Apache Spark in 7 days aims to help you quickly get started in learning about this big data processing engine. Starting out with deploying a Spark cluster in AWS cloud with a Python EC2 script, it’ll quickly dive into how you can monitor your Spark job, using a UI dashboard, while running a test script.
The course will then help you to grasp the fundamentals of RDDs, DataFrames and Spark SQL. It goes on to cover machine learning fundamentals and models, demonstrating how to build a data pipeline. The course ends with the topic on streaming, focusing on the lower level API DStreams and then on higher level API Structured Streaming. By the end of this course you should be able to write basic Spark code using python with excellent speed. It’s ideal for any beginner looking to skill up and to eventually use a cloud service like AWS.

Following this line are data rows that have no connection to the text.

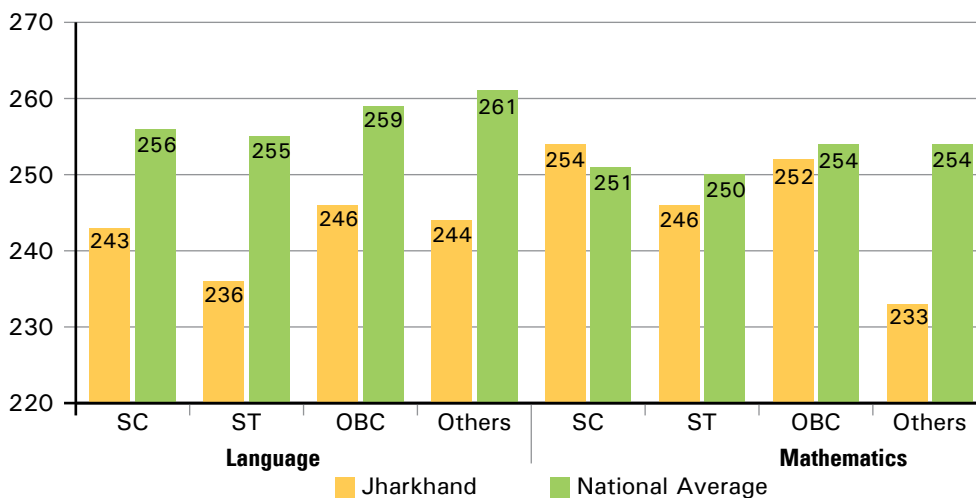

Gender wise performance of students

- Performance of both boys and girls is lower than the national average in both language and mathematics.

Rural- Urban performance of students

- ▶ Performance of both rural and urban students is lower than the national average in both language and mathematics.

- ▶ The largest proportion of students in the state scored 51-75% correct answers in language.
- ▶ The largest proportion of students in the state scored above 75% correct answers in mathematics.

Performance of students by Social Groups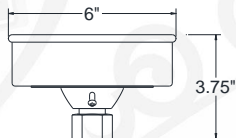

LSLC LED SLOPE CEILING CANOPY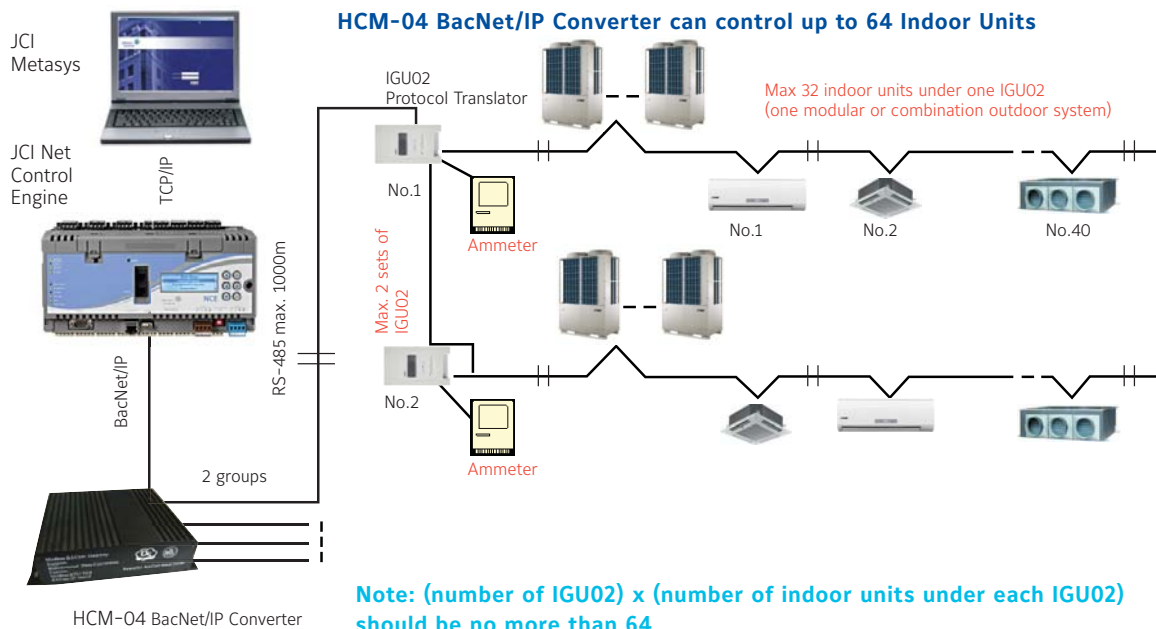

Touch Screen Central Controller can control up to 256 indoor units

Note: (number of IGU05) x (number of indoor units under each IGU05) should be no more than 256

CONTROLLERS AND BMS

Central Controller with Monitor Software

Central controller with monitor software can control up to 400 indoor units

Note: (number of IGU02) x (number of indoor units under each IGU02) should be no more than 400

CONTROLLERS AND BMS

BacNet/IP

HCM-03 BacNet/IP Converter can control up to 72 Indoor Units

Note: (number of IGU02) x (number of indoor units under each IGU02) should be no more than 72

HCM-04 BacNet/IP Converter can control up to 64 Indoor Units

Note: (number of IGU02) x (number of indoor units under each IGU02) should be no more than 64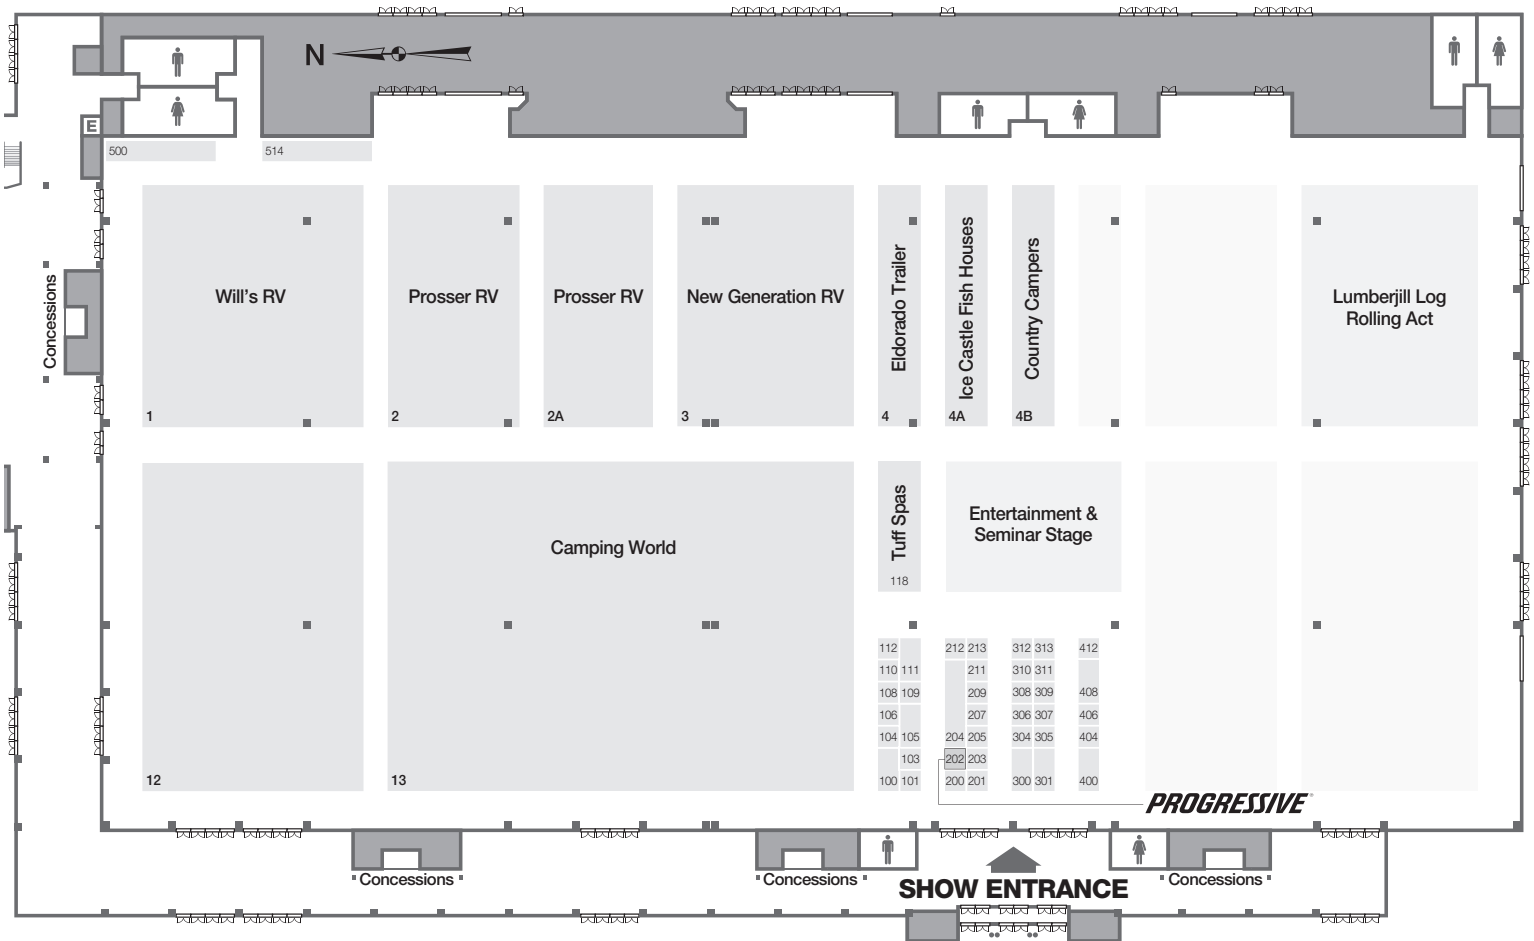

EXHIBITOR NAME	BOOTH NUMBER	EXHIBITOR NAME	BOOTH NUMBER
Alta New	203	Miracle Whisk (Kevin Sylvers Enterprises)	412
America In-Home	301	My Pillow	201
Bath Fitter	408	New Generation RV	3
Bath Planet of Milwaukee	100	Premier Golf & Utility Vehicles	204
Camping World	13	Progressive Insurance	202
Country Campers	4B	Prosser RV, Inc.	2,2A
Dr.'s Original	112	Quick Trips, LLC	200
Eldorado Trailer Sales	4	Seven Treasures	400
Everdry Waterproofing	110	Star Satellite	213
GRIPSTIC (First 2 Market)	212	Summer Hideaway	312
Good Sam — Wisconsin Chapter	404	Sun Communities, Inc	310
Hillside Fabricating, LLC	101	Tuff Spas / Sauna Bob's	118
Ice Castle Fish Houses & RVs	4A	Verizon	103
KassWins, Inc.	313	WACO — Wisconsin Association of Campground Owners	205
Kitchen Craft	300	Weathertight Corp	105
Leafilter North, Inc.	111	Will's RV	1
Maximized Living	311		

We are not responsible for any errors or omissions. Some companies and information may not have been available at the printing deadline. Please contact the office at 800-848-6247, extension 2427, with any questions or for clarification. Thank you.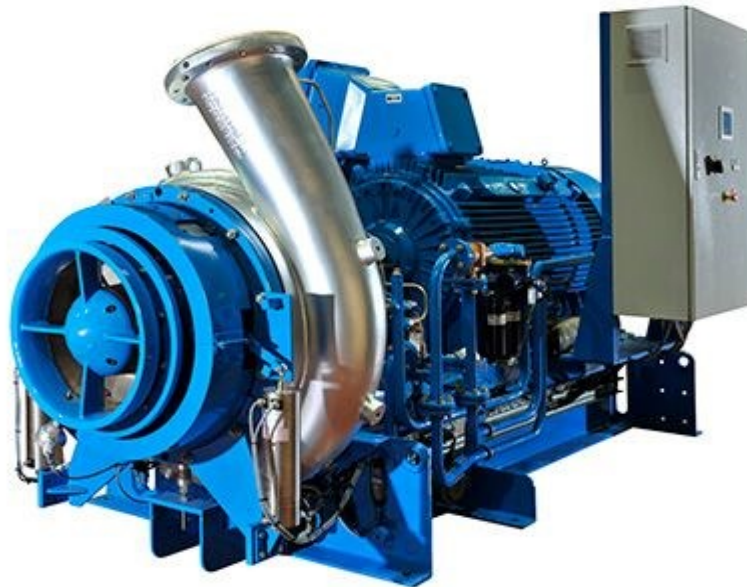

## Custom Designed

**GENERON** represents a complete line of Roots® centrifugal blower packages. Centrifugal blowers deliver high efficiencies while handling a wide range in turndown. Adjustable inlet guide vanes and diffuser vanes can be controlled to enhance unit performance. API Standard Centrifugal Blowers are available. Lube Oil Systems can be integrated to package base or in a console. Contact our experienced sales team at **713.937.5200** or **www.generon.com** for more information.

### FEATURING:

- 4,000 to 300,000 CFM**
- Horizontally split multi stage**
- Single Stage Pedestal Mount**
- Single Stage Integrally geared**
- Single Stage High Speed Turbo**
- Multiple Seal Arrangements**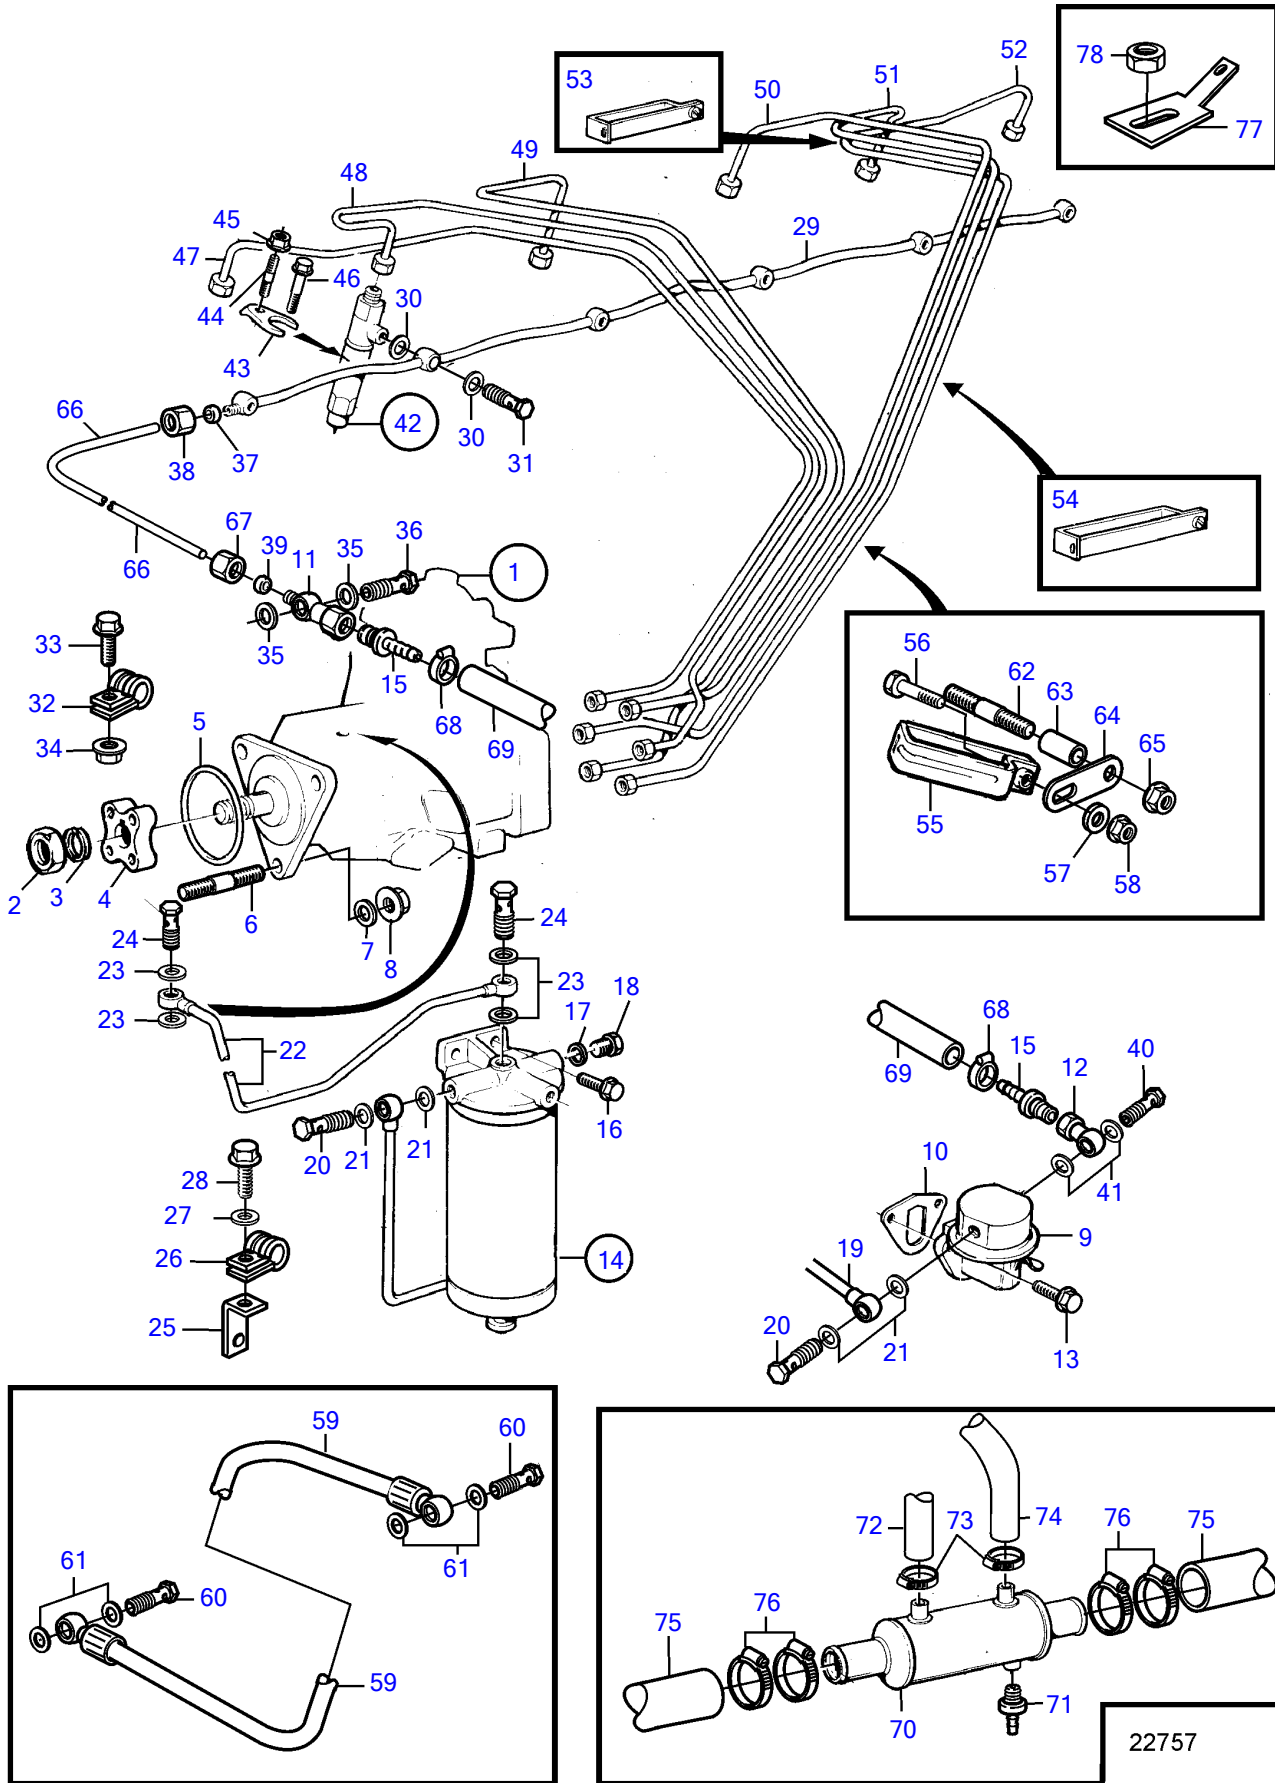

TAMD41H-A, TAMD41H-B, TAMD41P-A, TAMD41L-A, TAMD41M-A

TAMD41H-A, TAMD41H-B, TAMD41P-A, TAMD41L-A, TAMD41M-A

REF	PART NO.	QTY	DESCRIPTION	SEE SEC.	NOTES
1	861102	1	Injection pump		Product no. 869030, 869031, 869032, 869036., TAMD41P-A, SN-2204153071 Repl by 3581433
			.		
			.	1778	
	3581433	1	Injection pump		Product no. 869030, 869031, 869032, 869036., TAMD41P-A, SN2204153072-
			• parts not sold separately		
	860270	1	Injection pump		Product no. 869028, 869029, 869053., TAMD41P-A
			.		
			.	1888	
	861316	1	Injection pump		TAMD41H-A, TAMD41L-A
			.		
			.	1781	
	3581420	1	Injection pump		TAMD41H-B
			• parts not sold separately		
	860915	1	Injection pump		TAMD41M-A
			.		
			.	936	
2	955804	1	Hexagon nut		Included in fuel injection pump.
3	955925	1	Spring washer		Included in fuel injection pump.
4	859601	1	Hub		
5	968971	1	O-ring		
6	953047	3	Stud		
7	191172	3	Washer		
8	945408	2	Flange nut		
		1	Hexagon nut		
9	3582310	1	Feed pump		
10	3501530	1	Gasket		
11	861080	1	Banjo nipple		
12	861079	1	Banjo nipple		
13	946173	2	Flange screw		
14	860873	1	Fuel filter		Repl by 3581542
			.		
			.	3722	
	3581542	1	Fuel filter		Repl by 3588380
			.		
			.	3722	
	3588380	1	Fuel filter		
			.		
			.	7765	
15	3825000	2	Hose nipple		
16	946329	2	Flange screw		
17	11994	1	Gasket		
18	960629	1	Plug		
19	860448	1	Fuel pipe		
20	969299	2	Hollow screw		
21	11994	4	Gasket		
22	838659	1	Fuel pipe		
23	11994	4	Gasket		
24	969299	2	Hollow screw		
25	846780	1	Bracket		
26	952624	1	Clamp		
27	955893	1	Washer		
28	948746	1	Flange screw		
29	838667	1	Leak-off line		TAMD41P-A/ L-A/ M-A/ H-A
	3581540	1	Leak-off line		TAMD41H-B
30	947620	12	Gasket		TAMD41P-A/ L-A/ M-A/ H-A
	981183	12	Gasket		TAMD41H-B
31	74033	6	Hollow screw		TAMD41P-A/ L-A/ M-A/ H-A
	243487	6	Hollow screw		TAMD41H-B
32	121563	1	Clamp		
33	946544	1	Flange screw		AD41P-A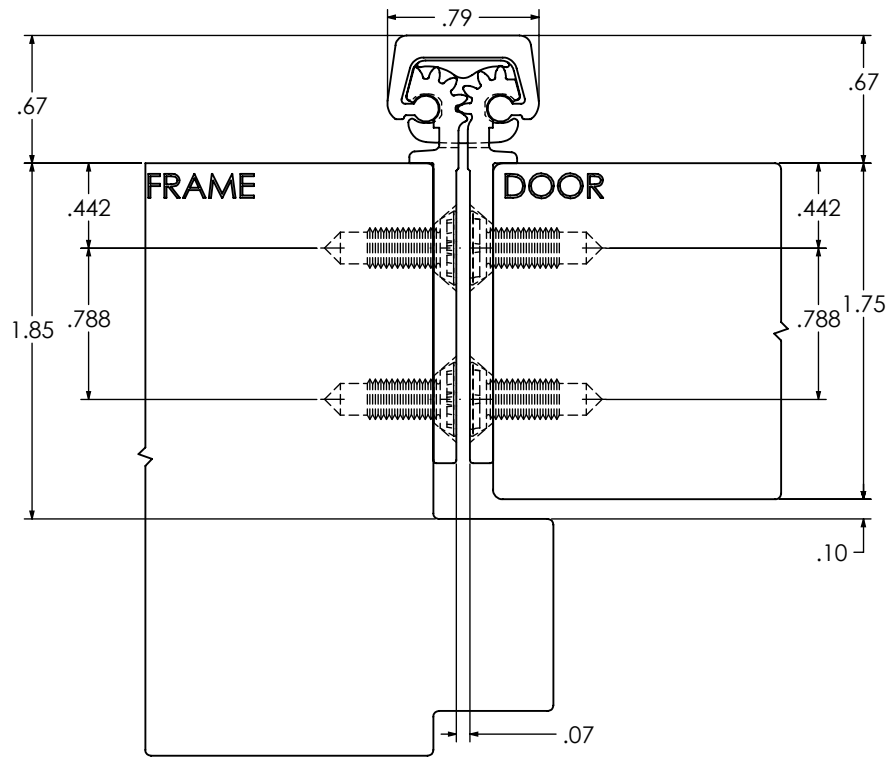

TEMPLATE FOR FULL MORTISE CONTINUOUS GEARED ALUMINUM HINGE

SCALE 1 : 1

DETAIL A
SCALE 1 : 2

- Discover how to deploy a Spark cluster in the AWS cloud, using a Python EC2 script
- Learn basic Spark concepts such as transformations and actions
- Explore what RDDs are and how to perform operations on them
- Run queries using Spark SQL
- Explore Resilient Distributed Datasets (RDDs) and how to use them
- Write Spark SQL queries and work with Spark DataFrames
- Learn how to use the MLlib library for machine learning applications
- Discover streaming operations
To fully benefit from the coverage included in this course, you will need:
● Python programming experience is required
This course has the following software requirements:
This course has the following software requirements:
● An editor like Atom, Sublime Text or Visual Studio Code
● Create an AWS account
● Apache Spark - Version 2.3 or later
● Anaconda Distribution - Python 3.7 or later
● Jupyter Notebook Extensions
This course has been tested on the following system configuration:
● OS: Mac OS
● Processor: 2.5 GHz Intel Core i5
● Memory: 4GB
● Hard Disk Space: 400MB